[Dataset records]
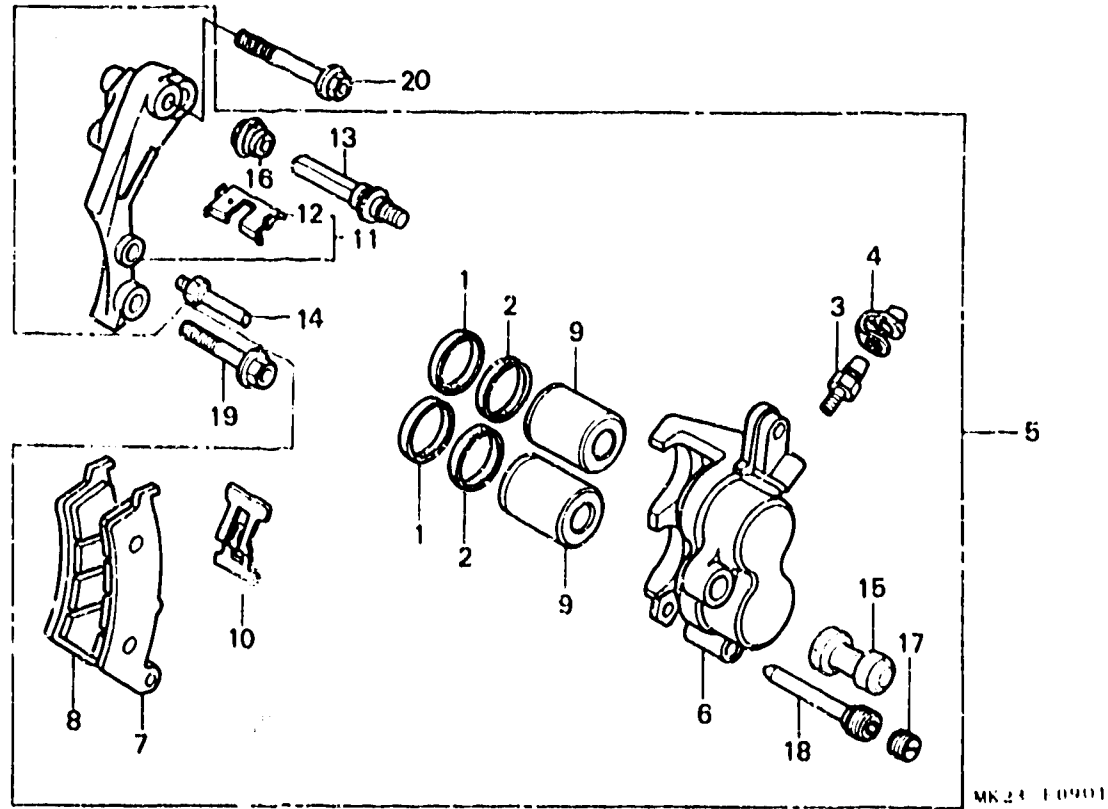

N 14

F - 9 - 1

Front brake caliper
(XR600RJ·RK·RL·RM·RN)

Etrier de frein avant
(XR600RJ·RK·RL·RM·RN)

Vorderradbremssattel
(XR600RJ·RK·RL·RM·RN)

Calibrador de freno
delantero
(XR600RJ·RK·RL·RM·RN)

MK24 10901

FR.

Item d'entretien	T.D.R.	N° de réf.	N° de pièce	Description	N° de requis					N° de série	Code de zone	
					XR100							
					RF	RG	RH	RJ	RK	RL	RM	RN
19		90131-MG3-000		BOULON DE BRIDE, 8X40.....	-	-	-	1	1	1	1	1
20		90132-MG3-000		BOULON DE BRIDE, 8X50.....	-	-	-	1	1	1	1	1
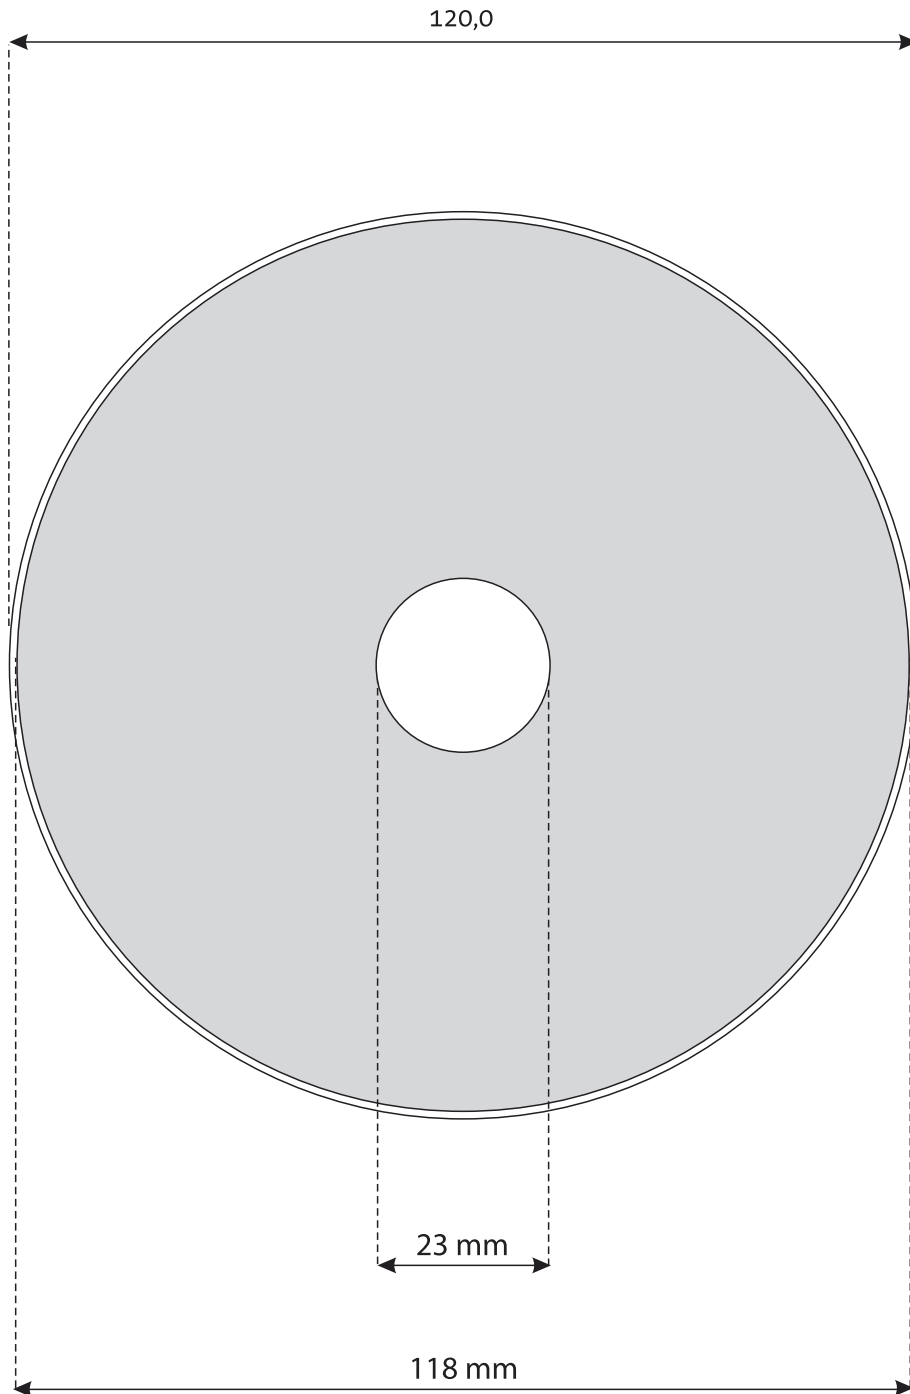

# Label DVD 9

Bedruckbare Fläche zwischen 23 mm  $\varnothing$  und 118 mm  $\varnothing$   
Printing area between 23 mm  $\varnothing$  and 118 mm  $\varnothing$
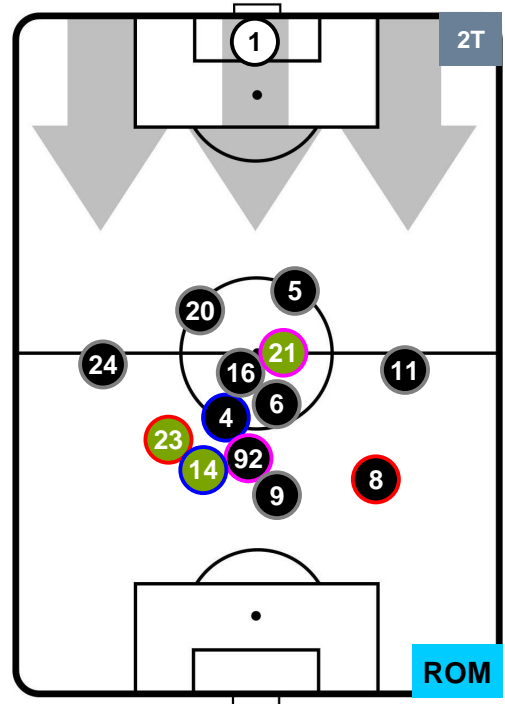

GENOA
GEN 1
1 ROM

ROMA

POSIZIONI MEDIE POSSESSO PALLA (proprio)

1. **Legenda:**
2. 1ª Sostituzione   ● Giocatore Entrato   ● Giocatore Uscito
   - 2ª Sostituzione   ● Giocatore Entrato   ● Giocatore Uscito   ■ Giocatore Entrato in sostituzione di ●
   - 3ª Sostituzione   ● Giocatore Entrato   ● Giocatore Uscito   ■ Giocatore Entrato in sostituzione di ●
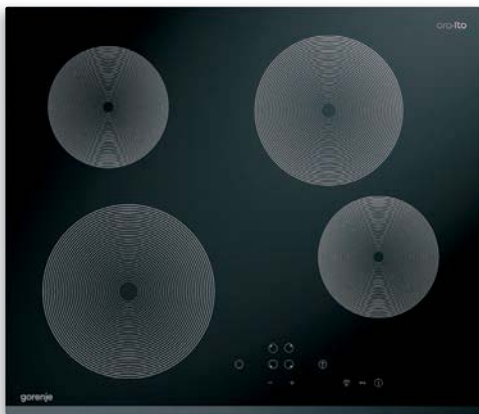

ECT 610-ORA

Независимая электрическая варочная панель

DESIGNED BY
ora-ito

Варочная поверхность

- Стеклокерамика
- Сенсорное управление
- Конфорки: 4 Hi-Light
- Передняя левая, мм//кВт: 210//2,3
- Задняя левая, мм//кВт: 145//1,2
- Передняя правая, мм//кВт: 145//1,2
- Задняя правая, мм//кВт: 180//1,8

Индикация

- Количество дисплеев: 4
- Двухпозиционный индикатор остаточного тепла для каждой конфорки

Функции

- Автоматика приготовления
- Функция подогрева

Безопасность

- Блокировка от детей
- Блокировка установленных режимов
- Защитное отключение

Подключение

- Присоединительная мощность — эл., кВт: 6,5

Размеры, цвет

- Габаритные размеры (в/ш/г), мм: 54/600/510
- Монтажные размеры (в/ш/г), мм: 50/560/490

- Обработка края: шлифованный передний край
- Цвет: черный

ECT 680-ORA-W

Независимая электрическая варочная панель

DESIGNED BY
ora-ito

Варочная поверхность

- Стеклокерамика
- Сенсорное управление
- Конфорки: 4 Hi-Light
- Передняя левая, мм//кВт: 210/175/120/2,3
- Задняя левая, мм//кВт: 145//1,2
- Передняя правая, мм//кВт: 145//1,2
- Задняя правая, мм//кВт: 170x265//2,4

Индикация

- Количество дисплеев: 4
- Двухпозиционный индикатор остаточного тепла для каждой конфорки

Функции

- Автоматика приготовления
- Количество таймеров: 4
- Функция Stop&Go
- Функция подогрева

Безопасность

- Блокировка от детей
- Блокировка установленных режимов
- Защитное отключение

ECT 680-ORA

Независимая электрическая варочная панель

DESIGNED BY
ora-ito

Варочная поверхность

- Стеклокерамика
- Сенсорное управление
- Конфорки: 4 Hi-Light
- Передняя левая, мм//кВт: 210/175/120/2,3
- Задняя левая, мм//кВт: 145//1,2
- Передняя правая, мм//кВт: 145//1,2
- Задняя правая, мм//кВт: 170x265//2,4

Индикация
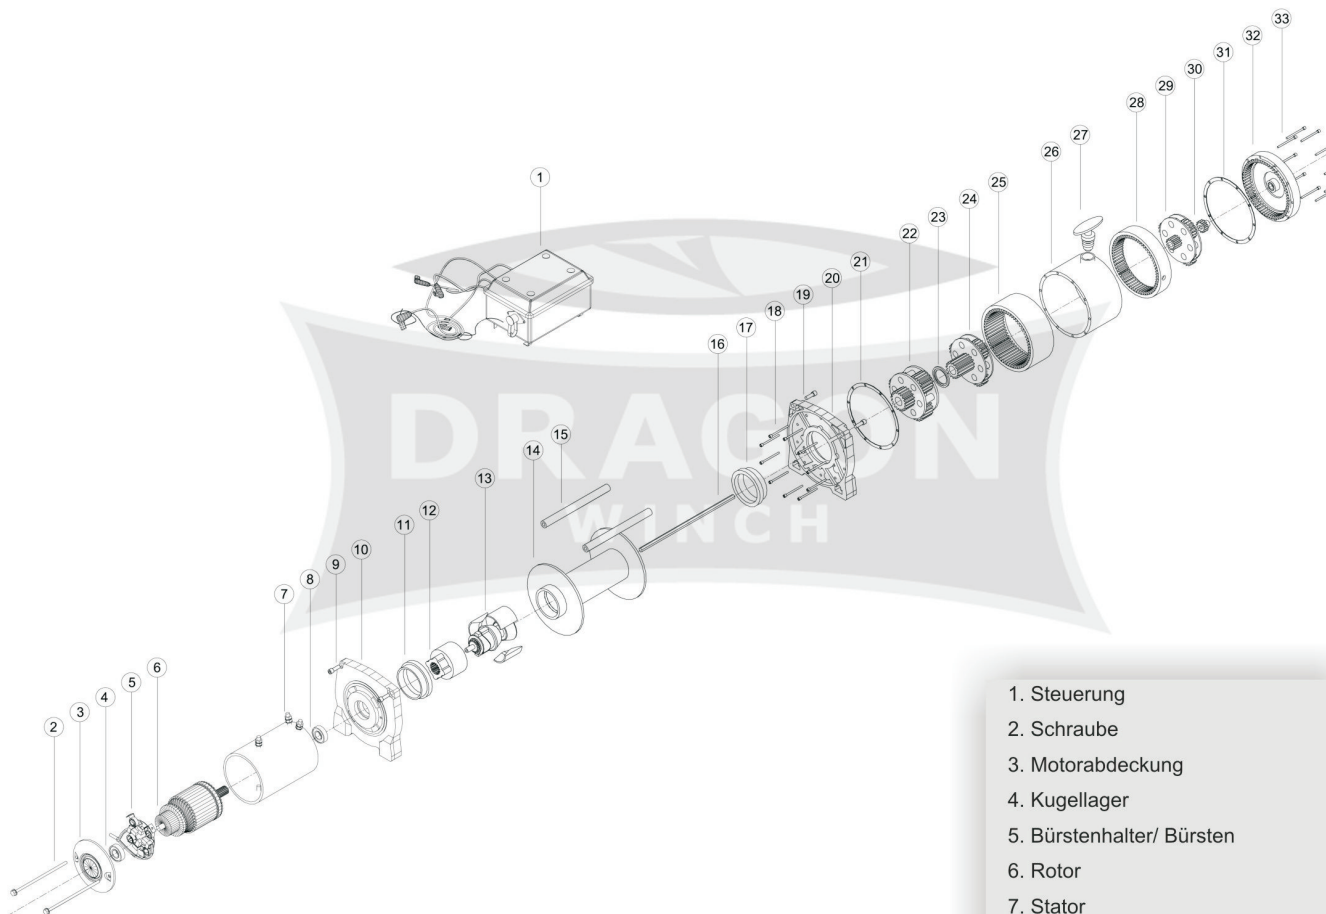

DWM 8000 HD

1. Steuerung
2. Schraube
3. Motorabdeckung
4. Kugellager
5. Bürstenhalter/ Bürsten
6. Rotor
7. Stator
8. Kugellager
9. Bolzen-Gegenmutterverbindung
10. Montagefuß
11. Gleitlager
12. Bremsentreiber
13. Dynamische Bremse
14. Zylinder
15. Träger
16. Antriebsachse
17. Gleitlager
18. Schraube
19. Bolzen-Gegenmutterverbindung
20. Montagefuß
21. Dichtung
22. 3. Stufe des Getriebes
23. Dichtungsscheibe
24. 2. Stufe des Getriebes
25. Zahnringbahn
26. Getriebegehäuse
27. IN/OUT - Schalter
28. Zahnringbahn
29. 1. Stufe des Getriebes
30. Fahrmodus
31. Dichtung
32. Getriebedeckel
33. Schraube
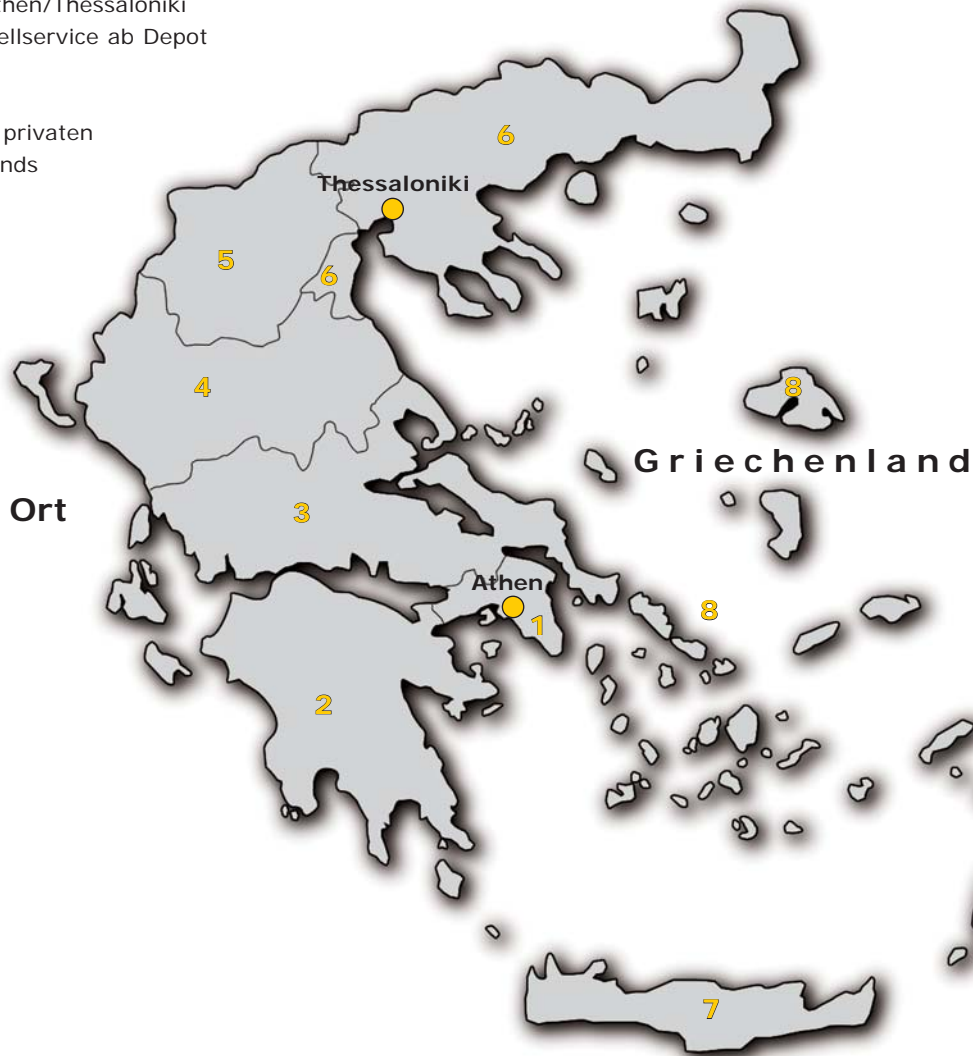

Griechenland

täglich im Ex- und Import Direktverkehr

Seit 01.09.2005 täglicher Export-Import Direktverkehr

Ihre Vorteile

- Direktverkehre täglich nach/von Athen/Thessaloniki
- Flächendeckender 24/48 Std. Zustellservice ab Depot
- 72 Std. Inservice ab Depot
- Durchgängige Sendungsverfolgung
- Zusammenarbeit mit dem größten privaten Speditionsunternehmen Griechenlands
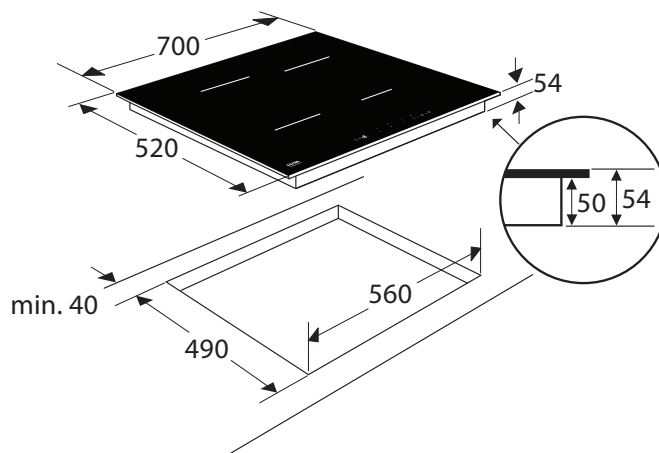

PERFORMANCE SERIE PLUG & COOK INDUCTIEKOOKPLAAT 1-FASE (70 CM)

Bediening:

tiptoetsbediening per zone: bedien direct de gewenste zone, zonder eerst een zone te selecteren

Plug & Cook:

inclusief stekker voor aansluiting op een normaal geaard stopcontact

Design:

70 cm breed voor meer panruimte maar geschikt voor standaard nismaat

Specificaties

- 70 cm breed maar past in standaard nismaat
- geleverd inclusief stekker: plug & cook op normaal geaard stopcontact
- 4 kookzones
- centrale aan/uit bediening

Technische specificaties

- inbouwmaten (hxbxd) 50 x 560 x 490 mm
- buitenmaten (bxd) 700 x 520 mm
- aansluitwaarde 3680 W
- zone linksvoor \varnothing 18,0 cm - 50 - 2100 W
- zone linksachter \varnothing 18,0 cm - 50 - 2100 W
- zone rechtsvoor \varnothing 16,0 cm - 50 - 1850 W
- zone rechtsachter \varnothing 21,0 cm - 50 - 3000 W

- Instructions to follow: Using the records above, report each line that contains the word "geaard" by copying it.

- Task solution:
inclusief stekker voor aansluiting op een normaal geaard stopcontact
- geleverd inclusief stekker: plug & cook op normaal geaard stopcontact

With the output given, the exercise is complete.